What do we know about German and English ‘ketchup’?

English: ketchup

German: der/das Ketchup or der/das Ketschup

Where does this word come from?

The origin of this word is unclear. It is said to be from Malay kichap, but according to another source it comes from Cantonese 茄 (ke4) 汁 (jap1). Kichap is consider to be not original to Malay. Cantonese 茄 汁 might come from Cantonese tomato (番茄 fānqié) und juice (汁 zhī) or according to another version a word koechiap ‘brine of fish’ is authentic to a Chinese community in Northern Vietnam.

A word ‘catsup‘ (cat+sup) is still used in the USA for ketchup. In 1680s a word ‘catchup’ was used, but later was substituted for catsup.
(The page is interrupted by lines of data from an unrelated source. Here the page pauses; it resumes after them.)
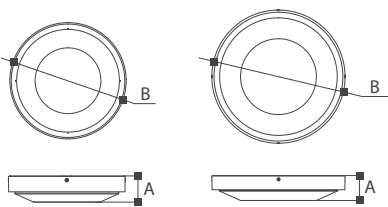

LED 30 W	TEMPERATURE 2700K 6500K
MAX. 3000 LUMENS	IP65

	Lamp	Lumen	A	B
GL19308	LED 20W	2000LM	60	Φ250
GL19309	LED 30W	3000LM	60	Φ320

ISO9001-2015 ISO14000 BSCI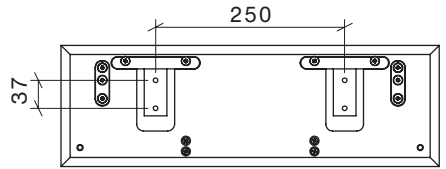

2 x  
 Aufhängeschiene  
 Hanging rail

HESPERIDE DYO - SPIEGELMONTAGE  
HESPERIDE DYO - MIRROR MOUNTING

400 x 1600

HESPERIDE DYO - SPIEGELMONTAGE  
 HESPERIDE DYO - MIRROR MOUNTING

1600 x 800

Bohrmaße in mm -  
 Rückansicht des Spiegels  
*Drilling dimensions in mm -  
 rear view of the mirror*

6 x 5x50

6 x 8x50

2 x  
 Spiegelaufhänger  
*Mirror hangers*

2 x  
 Aufhängeschiene  
*Hanging rail*

HESPERIDE DYO - SPIEGELMONTAGE  
HESPERIDE DYO - MIRROR MOUNTING

800 x 1600

HESPERIDE DY0 - GARDEROBE  
 HESPERIDE DY0 - COAT RACK

Bohrmaße in mm -  
 Rückansicht der Garderoben  
 Drilling dimensions in mm -  
 rear view of coat racks

HESPERIDE DYO - GARDEROBE  
HESPERIDE DYO - COAT RACK

500

800

1000

1200

HESPERIDE DYO - HAKENLEISTE  
HESPERIDE DYO - HOOK RAIL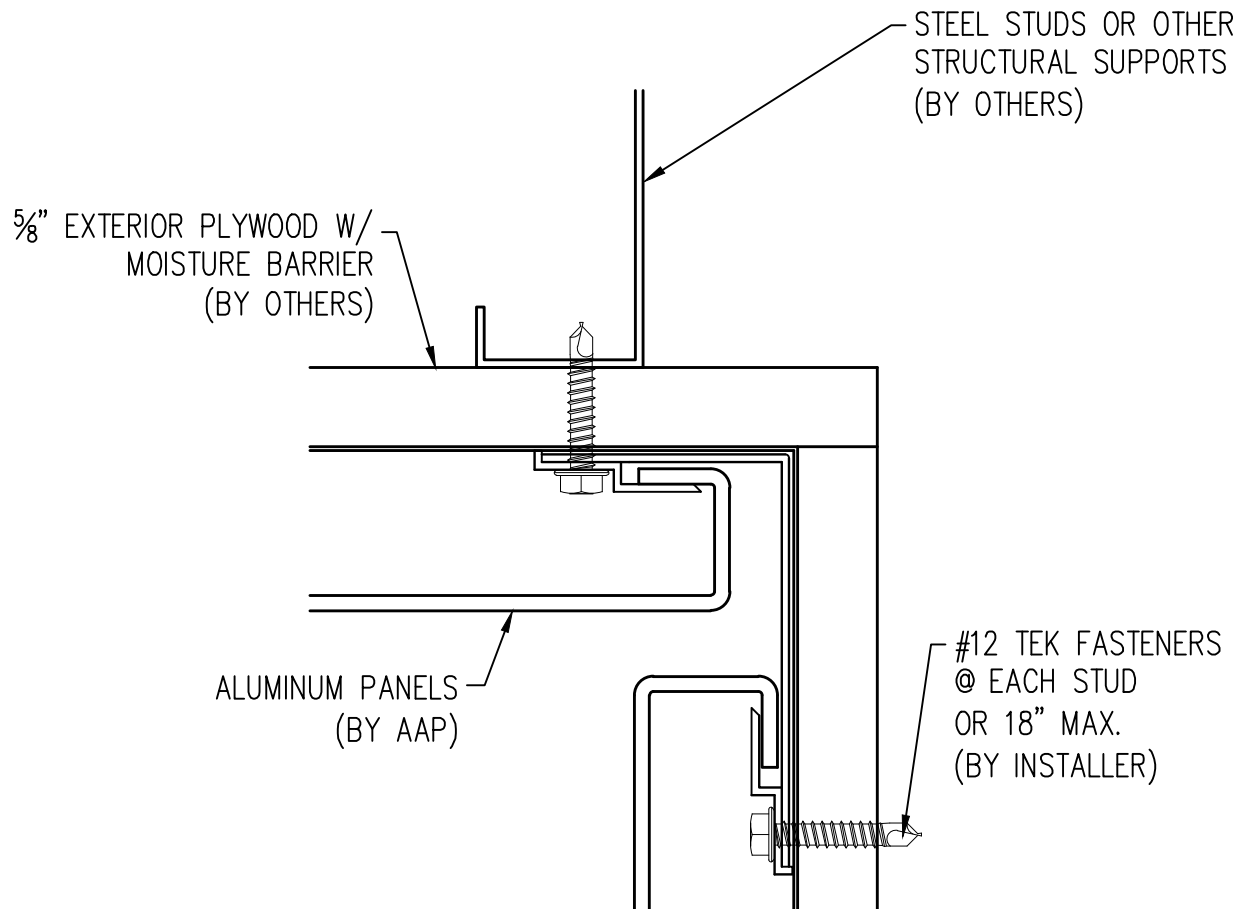

5
INSIDE CORNER

Abrams Architectural Products
7260 Delta Circle
Austell, GA 30168
Phone: 770.745.8728
Fax: 770.745.8839
www.abramssales.com

"DRY-JOINT"
ALUMINUM PLATE
AAP-975

MARCH 2011

Original ketchup was very different from what we see today. A word ‘ketchup’ meant a fish sauce and was used in English for a variety of gravies and sauces. Would you love to try walnut, mushroom or oyster ketchup? 🙂

Nowadays, when I see labels such as ‘hot ketchup’, ‘curry ketchup’, ‘chili ketchup’ I tend to think this is something new, new varieties of tomato ketchup. Well, I am obviously wrong. Everything new is actually well-forgotten old!

Tomato ketchup appeared in the USA around 1800, it became popular from early 20 c.

Ketchup is not only a truly international product, but also the word!